Exercise materials Block Start

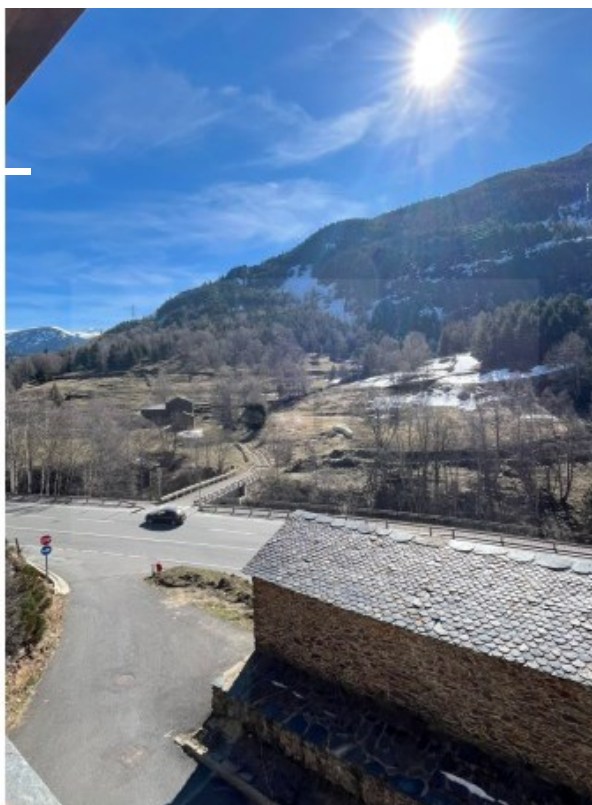

Pis 2 habitacions Venda Canillo

ref: **PIS_83**

77 m²

2

1

Inclòs

Se vende piso entre Soldeu y Canillo, en la zona de l'Aldosa, a 1.650 metros de altitud, dentro de una comunidad tranquila de solo 7 pisos, con un estilo parecido a un castillo de montaña. La vivienda está situada en la primera planta y cuenta con aproximadamente 77 m² construidos. Muy luminosa, ofrece unas vistas espectaculares a todo el valle y sol durante todo el año. Características: 2 habitaciones con armarios empotrados 1 baño con ducha ...

Exercise materials Block End

#### What the task asks:
Pictures are to be left out; the records above must be repeated word for word.

#### Your solution:
Pis 2 habitacions Venda Canillo

ref: **PIS_83**

77 m²

2

1

Inclòs

Se vende piso entre Soldeu y Canillo, en la zona de l'Aldosa, a 1.650 metros de altitud, dentro de una comunidad tranquila de solo 7 pisos, con un estilo parecido a un castillo de montaña. La vivienda está situada en la primera planta y cuenta con aproximadamente 77 m² construidos. Muy luminosa, ofrece unas vistas espectaculares a todo el valle y sol durante todo el año. Características: 2 habitaciones con armarios empotrados 1 baño con ducha ...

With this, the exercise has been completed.